Sainsbury’s (LSE: SBRY) share price has dropped 15% year-to-date as the UK’s second-largest supermarket prepares to unveil its full-year results next week on 17 April.
The poor performance comes amid a broader sell-off in supermarket stocks, with more than £4bn wiped off the combined value of Tesco, Sainsbury’s and Marks & Spencer in March alone. Investors have grown increasingly wary of the intensifying price war initiated by rival Asda, which slashed prices across 10,000 products since late January in a desperate bid to regain market share.
Despite the share price weakness, market watchers remain cautiously optimistic about Sainsbury’s prospects. Analysts project healthy profits for the fiscal year, with expectations of continued growth in the grocery segment supporting overall performance targets.
Sainsbury’s grocery division has shown promising signs, with strengthened value positioning and improved store operations contributing to volume growth and sustainable market share gains. The company’s strategic investments appear to be paying dividends in a highly competitive market.
The supermarket continues to expand its food footprint, converting former Homebase sites across the UK. These conversions are expected to boost operating profits in the coming fiscal years as they become fully operational.

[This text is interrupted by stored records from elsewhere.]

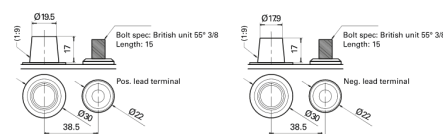

Product overview

Batteries for Maritimas e de lazer

Start AGM EM960

Referência comercial	EM960
Technology	AGM
EAN/GTIN	3661024036016
Voltagem	12 V
Capacidade	100.0 Ah
CCA	800 A
MCA	960
comprimento	330 mm
Largura	173 mm
Altura	240 mm
Dimensões do bloco	G31
Esquema de ligação	ETN 1
Tipo de terminal	SAE M 3/8" taper&stud
Abas de fixação	B0
Peso (sujeito a variações)	31.00 kg

Esquema de ligação**Tipo de terminal****Abas de fixação**

Design, recursos e especificações estão sujeitos a alterações sem aviso prévio. Rejeitamos qualquer representação ou garantia, expressa ou implícita, relativa aos dados ou recomendações e, em nenhum caso, seremos responsáveis por qualquer perda ou dano reivindicado como resultado. Alguns produtos podem não estar disponíveis no mercado local.
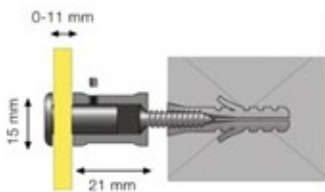

Plexi avec adhésif effet sablé

A6 (148\*105 mm) : SETIGA6

espacement 21mm

PLAQUE DE PORTE  
EN VUE DE COTE  
FIXEE AU MUR.

EPAISSEUR 4 MM

PLEXIGLAS transparent

ENTRETOISE

C108

diamètre 15 mm  
longueur 20 mm

ENTRETOISES

PLEXIGLASS

4 mm

JOINTS POLIS

KIT VIS
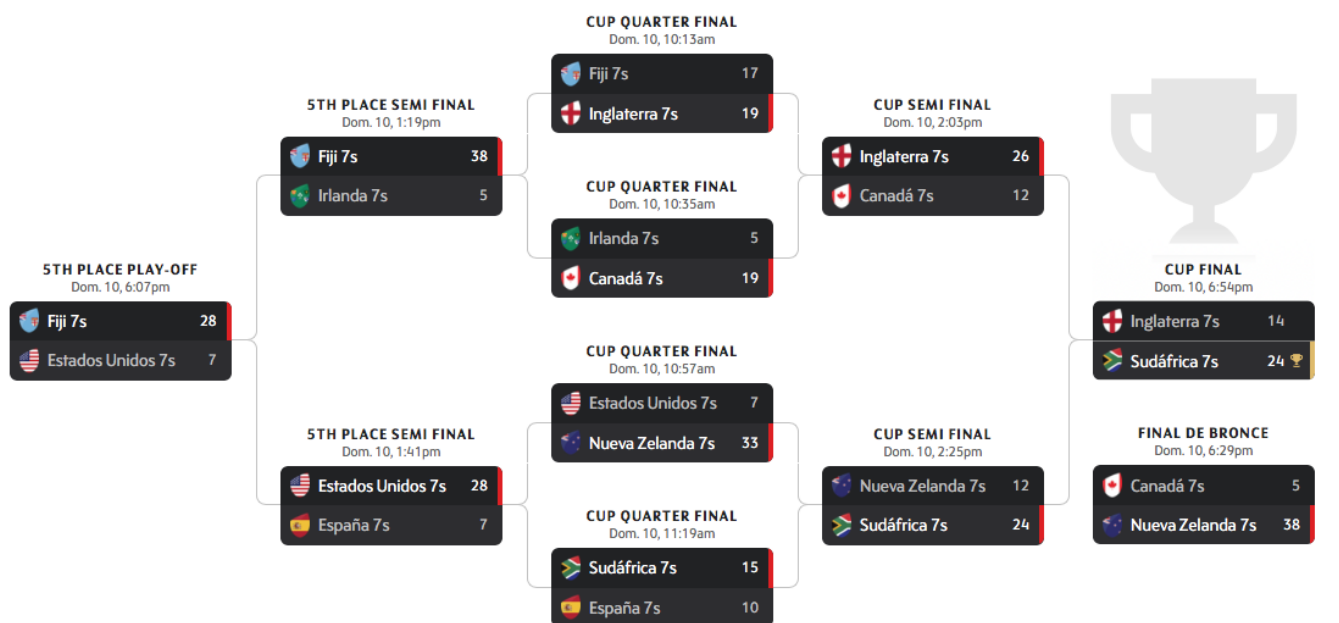

En el último partido, la semifinal por el 5º puesto, Estados Unidos aprovechó su velocidad para hacer daño a los nuestros en las alas. España empezó bien, mandando en el juego y permaneciendo casi siempre en campo rival, pero en el minuto 4 Isles consiguió ganar espacio para marcarse una de sus típicas escapadas y anotar el primer ensayo, y desde entonces los nuestros fueron a remolque, facilitando el juego de contener para después explotar que tan bien saben aprovechar los americanos. Buena imagen, aunque la victoria de los Eagles fue justa.

■ GANADOR ■ FINALISTA ■ TERCERO

POS	EQUIPO	DUBAI	CAPE TOWN	SYDNEY	HAMILTON	LAS VEGAS	VANCOUVER	HONG KONG	SINGAPORE	LONDON	PARIS	PUNTOS
1	Sudáfrica 7s	22	17	19	19	15	17	17	15	19	22	182
2	Fiji 7s	15	13	12	22	17	22	22	22	22	13	180
3	Nueva Zelanda 7s	19	22	13	15	13	10	15	13	13	17	150
4	Australia 7s	13	8	22	17	12	12	5	19	10	5	123
5	Inglaterra 7s	17	10	10	10	10	13	1	17	15	19	122
6	Estados Unidos 7s	1	12	15	8	22	15	12	8	12	12	117
7	Argentina 7s	5	19	17	7	19	10	13	2	5	8	105
8	Kenia 7s	10	3	10	12	10	19	19	10	8	3	104
9	Canadá 7s	5	15	3	5	7	2	7	7	10	15	76
10	Samoa 7s	12	5	5	13	3	3	2	12	3	1	59
11	España 7s	7	7	1	1	2	7	10	10	1	10	56
12	Escocia 7s	10	1	2	10	5	8	10	5	2	2	55
13	Francia 7s	8	10	8	3	8	1	8	1	1	5	53
14	Gales 7s	3	5	7	2	5	5	3	5	7	7	49
15	Irlanda 7s	-	-	-	-	-	-	-	-	17	10	27
16	Rusia 7s	1	1	5	1	1	5	5	1	5	1	26
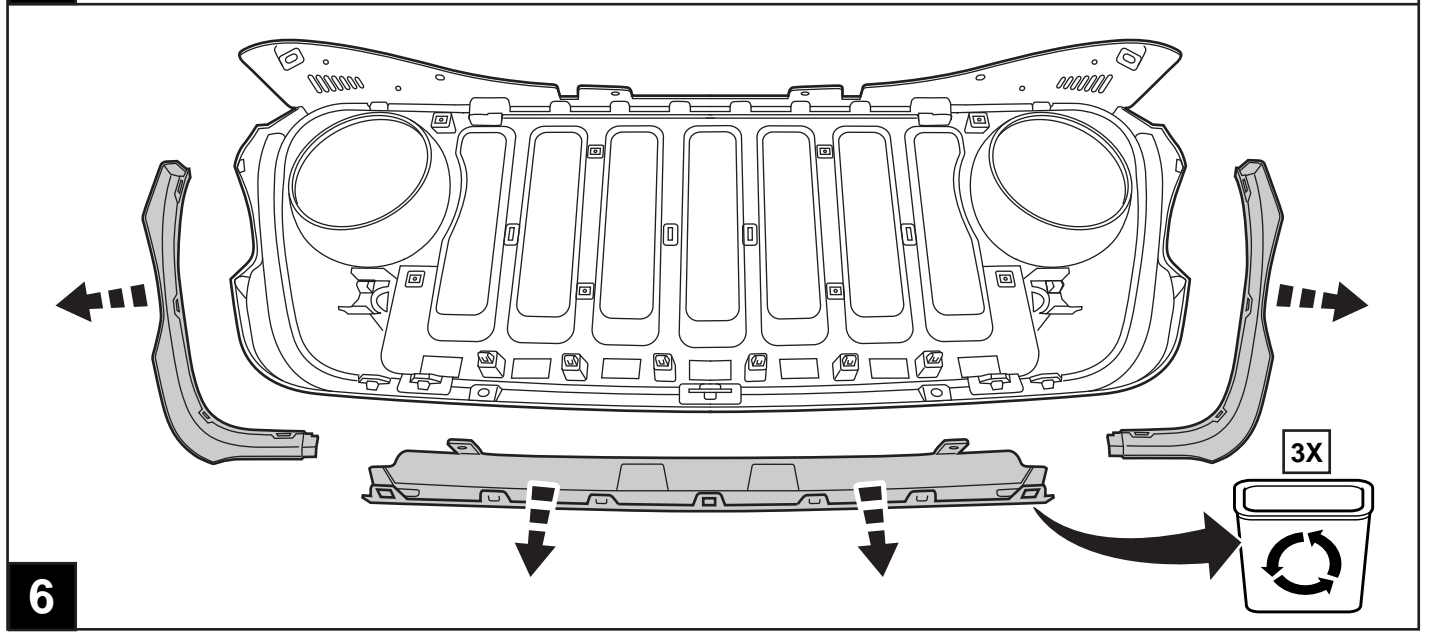

FRONT GRILLE JEEP WRANGLER

www.mopar.com

1

10

11

12
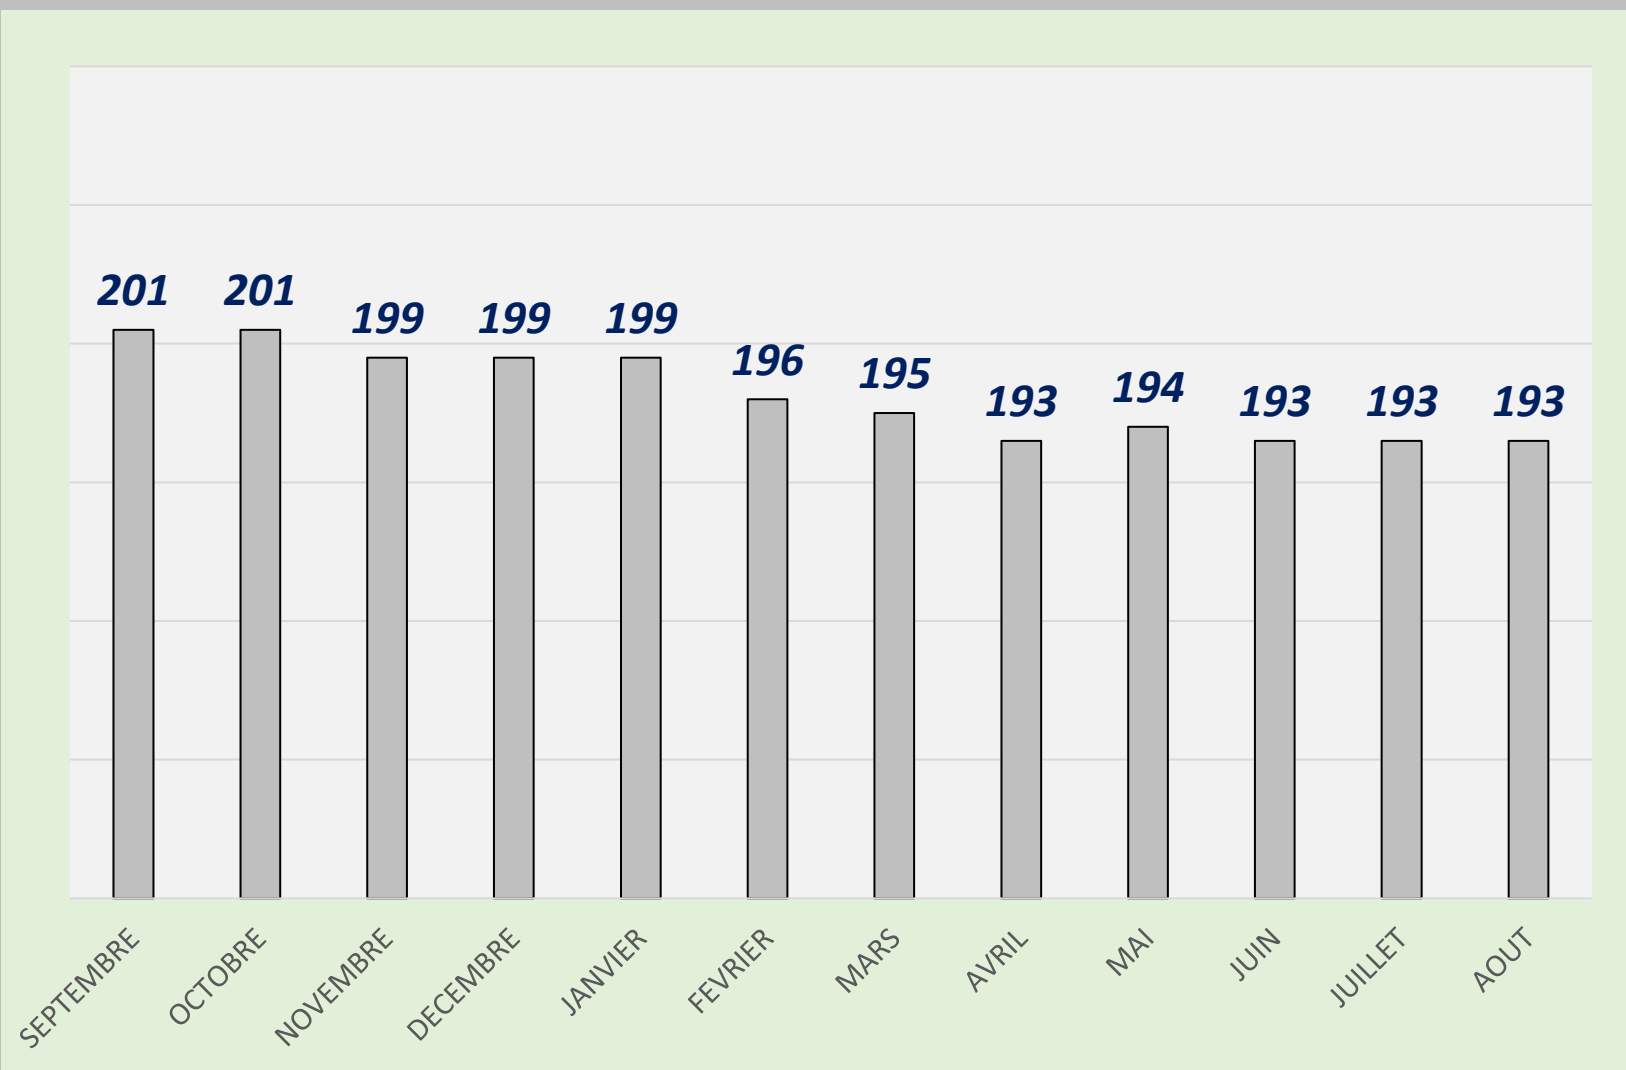

LISTING FFB S Q

TRUBIN SERGIY

SÉNIOR
+ A

B. C. DES COSTIÈRES
2025 - 2026

	<i>Quilles</i>	<i>Li.</i>	<i>Moyenne</i>
SEPTEMBRE	34988	181	193,30
OCTOBRE	34988	181	193,30
NOVEMBRE	35299	182	193,95
DECEMBRE	32917	170	193,63
JANVIER	32917	170	193,63
FEVRIER	33106	170	194,74
MARS	33070	169	195,62
AVRIL	26970	136	198,31
MAI	20743	104	199,45
JUIN			
JUILLET			
AOUT			

SÉNIOR
+ A

B. C. DES COSTIÈRES
2024 - 2025

	<i>Quilles</i>	<i>Li.</i>	<i>Moyenne</i>
SEPTEMBRE	7452	37	201,41
OCTOBRE	7452	37	201,41
NOVEMBRE	10799	54	199,98
DECEMBRE	10799	54	199,98
JANVIER	13181	66	199,71
FEVRIER	17305	88	196,60
MARS	21940	112	195,80
AVRIL	27285	141	193,51
MAI	32040	165	194,18
JUIN	31129	161	193,35
JUILLET	34988	181	193,30
AOUT	34988	181	193,30
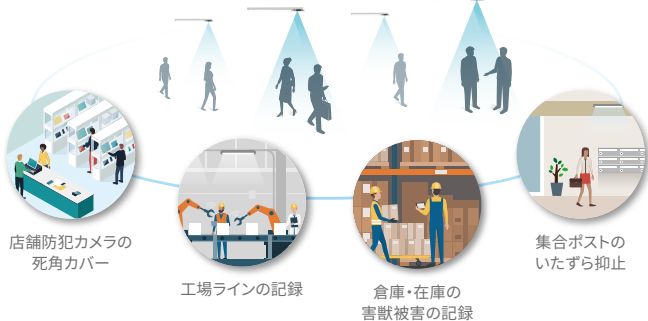

天井からの視点で多彩な用途で、安心広がる。

一般タイプ

障害物の少ない天井からの視点なので、すっきり見渡せます。幅広い用途で安心の映像記録ができます。
※照明が消灯中は映像記録されません。

軒下用・防湿・防雨タイプ

すっきり見渡せる天井からのビューポジションと防水機能を生かして、お手軽にさまざまな屋外シーンを記録できます。
※照明が消灯中は映像記録されません。

NEW
ViewLEDの用途がさらに広がります

However, Sainsbury’s isn’t immune to the challenges facing the sector. Rising food inflation, currently in the 2-3% range, could potentially double by 2026 due to increased labour and environmental compliance costs. The company also faces growing pressure from discount retailers Aldi and Lidl, though it has maintained its market share above 15%.
Tesco’s announcement recently that profits will fall this year due to the price war has only heightened anxiety among Sainsbury’s shareholders. Coming off recent lows, the shares have shown modest signs of recovery, trading up slightly over 1% in in Friday’s trading sessions ahead of next week’s results.
Shore Capital believe Sainsbury’s shares look undervalued at current levels, potentially representing a buying opportunity for investors. The supermarket’s Nectar prices initiative and Aldi price match strategy have helped stem customer losses, while its premium Taste the Difference range continues to perform well, delivering double-digit sales growth during the Christmas period.
For investors focused on income, analysts anticipate an increase in dividend payments compared to the previous year, with further growth projected for fiscal 2026.
As Sainsbury’s prepares to release its results, all eyes will be on fourth-quarter like-for-like sales growth and any commentary on the company’s battle plan against intensifying supermarket competition and price pressures.